No ônibus, depois de acomodada, rezada e menos apavorada, ajustei os fones de ouvido e comecei a melhor das viagens: ouvir pela primeira vez um álbum e me deixar levar pelas sensações, soltando aos poucos o medo, a aflição e a insegurança, em parte reais, e em parte, criadas pela minha mente.

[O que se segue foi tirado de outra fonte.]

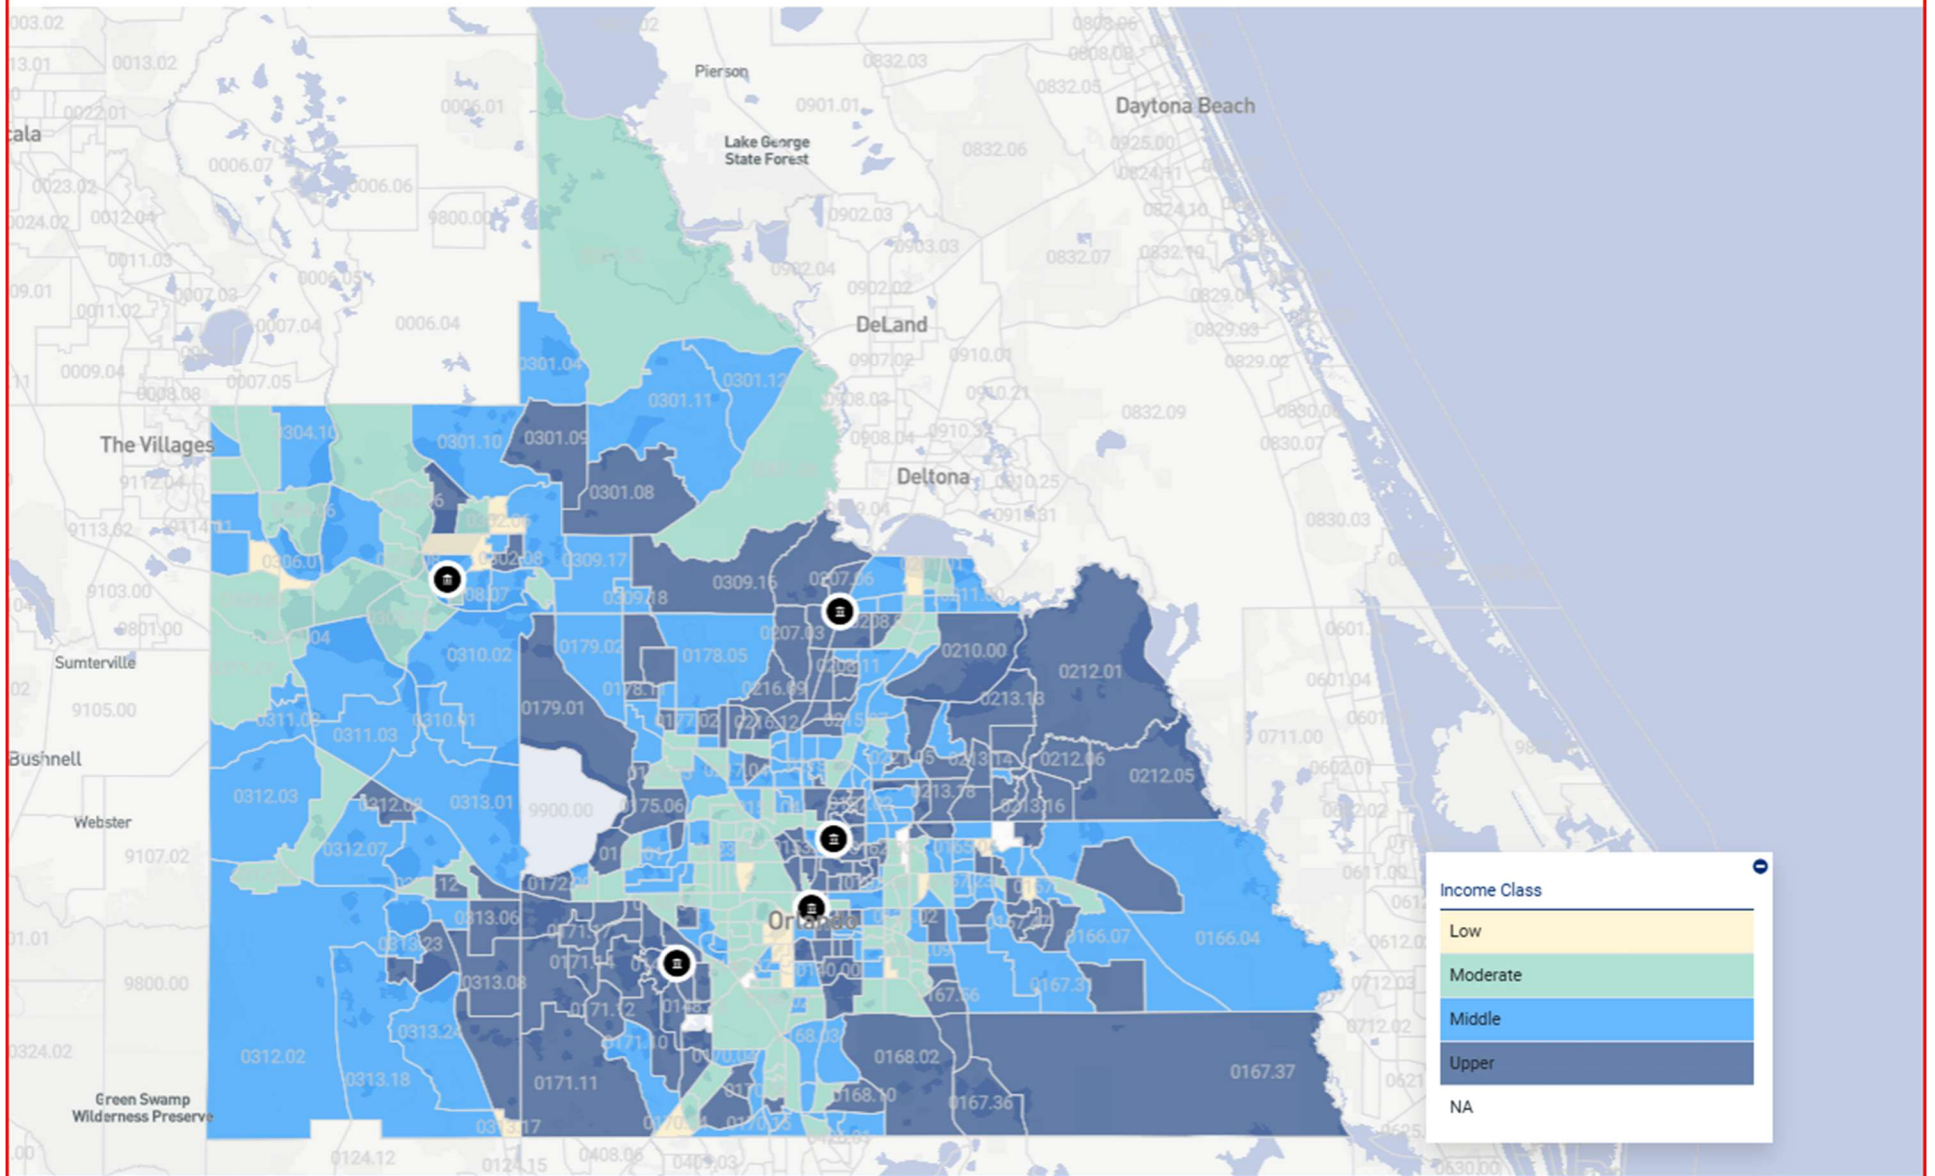

Assessment Area: 370 MIAMI-PORT ST. LUCIE-FORT LAUDERDALE CSA

Assessment Area: CRESTVIEW-FORT WALTON BEACH-DESTIN, FL MSA

Assessment Area: JACKSONVILLE, FL MSA

Assessment Area: NORTH PORT-BRADENTON-SARASOTA, FL MSA

Assessment Area: ORLANDO-KISSIMMEE-SANFORD, FL MSA

Assessment Area: PALM BAY-MELBOURNE-TITUSVILLE, FL MSA

Assessment Area: PANAMA CITY, FL MSA

A imagem da capa do CD era o rosto do amigo e produtor do meu segundo álbum, Beto Villares. Que honra! A imagem, envolta por uma luz, responde ao equilíbrio perfeito da sombra. Li o título: Aqui Deus Andou. Olhei para o lado, poltrona vazia. Depois do corredor, uma pessoa de máscara. Em algum lugar lá do fundo, alguém tossindo. Foi no meio dessa cortina de caos que a trilha sonora cheia de paradoxos, extremos, poesia, dança e calmaria, atravessou a madrugada comigo e me levou a pensar e sentir a luz e a sombra, o céu e a terra, deus e o diabo, a dualidade humana, a cisão, as pontes, o equilíbrio, a casa.

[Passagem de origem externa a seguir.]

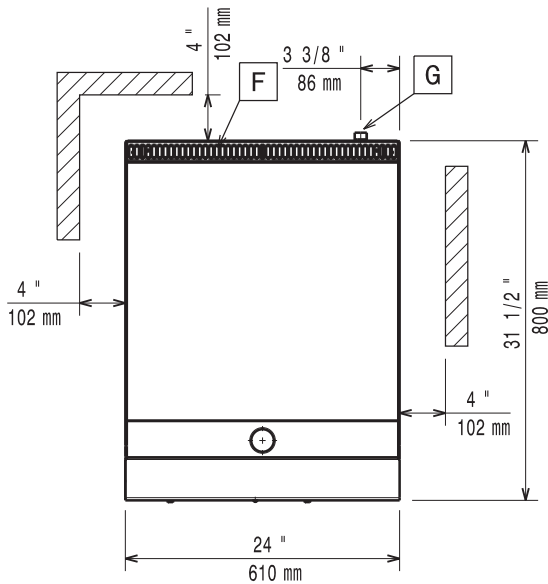

169013 (ARG24FL)

Smooth Gas Griddle
Top 24" (610 mm)

Short Form Specification

Item No. _____

Unit to be Electrolux Smooth Gas Griddle Top with two high efficiency 26,000 BTU (7.6 kW) burners. Suitable for natural gas or propane gas. Thick 1" (25 mm) mild steel griddle plate maintains selected temperatures and assures quick recovery. 3.2" (81.5 mm) wide drainage channel running on full length of cooking surface. Large grease drainage hole diameter 2.4" (60mm). Single half gal. (2 l) grease collector drawer with hole to indicate when full, captures all excess grease and oil and can be extracted for easy dumping and cleaning. Worktop in AISI 304 stainless steel. 3mm stainless steel splashback. Front and side panels in stainless steel with Scotch Brite finish. All major components can be accessed from front of the appliance for ease of maintenance. Special heavy duty chrome plated knobs for durability and easy cleaning. The configuration of bezels and knobs provides high level of protection against water infiltrations. Right-angled side edges to allow flush fitting joints between units. Supplied with 4" (102mm) height adjustable, removable legs. Unit may be installed on refrigerated base or open cupboard.

Electrolux

EM Series Smooth Gas Griddle Top 24"

Front

Top

G = Gas connection

Side

Gas

Gas power:	52000 Btu/hr (15.2 kW)
Gas inlet:	3/4" NPT
Natural gas pressure:	4" w.c. (10 mbar)
Propane gas pressure:	7" w.c. (18 mbar)

Key Information

Cooking surface width:	23 3/4" (604 mm)
Cooking surface depth:	22 5/8" (575 mm)
Working temperature MIN:	194 °F (90 °C)
Working temperature MAX:	500 °F (260 °C)
External dimensions, width	24 1/32" (610 mm)
External dimensions, depth	31 1/2" (800 mm)
External dimensions, height	16 1/2" (419 mm)
Net weight:	159 lbs (72 kg)
Shipping width:	35 7/16" (900 mm)
Shipping depth:	26" (660 kg)
Shipping height:	25 1/2" (648 mm)
Shipping weight:	176 lbs (80 kg)
Shipping volume:	13.59 ft ³ (0.38 m ³)
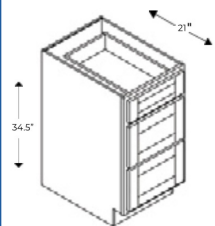

VANITY DRAWER BASE CABINET

3 Drawers

Name	Size	Paint	Stain
AGDB12	12w x 34.5 x 21d	$399	$459
AGDB15	15w x 34.5 x 21d	$409	$471
AGDB18	18w x 34.5 x 21d	$419	$482
AGDB21	21w x 34.5 x 21d	$429	$494
AGDB24	24w x 34.5 x 21d	$439	$505

Na primeira faixa do álbum, Abre a Casa, fui me conectando com a ideia de uma morada, um lugar para onde se pode ir descansar do lado de dentro. Essa onde estamos todos, toda a humanidade – pausa para pensar na dimensão disso – sendo obrigados, por um vírus, a entrar. Nas casas construídas também, mas ao nos despirmos do mundo de fora, entraremos cedo ou tarde, na nossa verdadeira morada, na qual apesar de nunca termos saído, raramente entramos. Paradoxal, não é mesmo? A casa onde mora nosso “eu”, onde está a nossa essência, a nossa consciência e também a falta dela. Essa onde guardamos nossas memórias, lembranças, emoções, padrões, o jeito como enxergamos e como nos relacionamos individualmente e com o mundo. A casa-corpo-coração-mente-espírito, do lado de dentro.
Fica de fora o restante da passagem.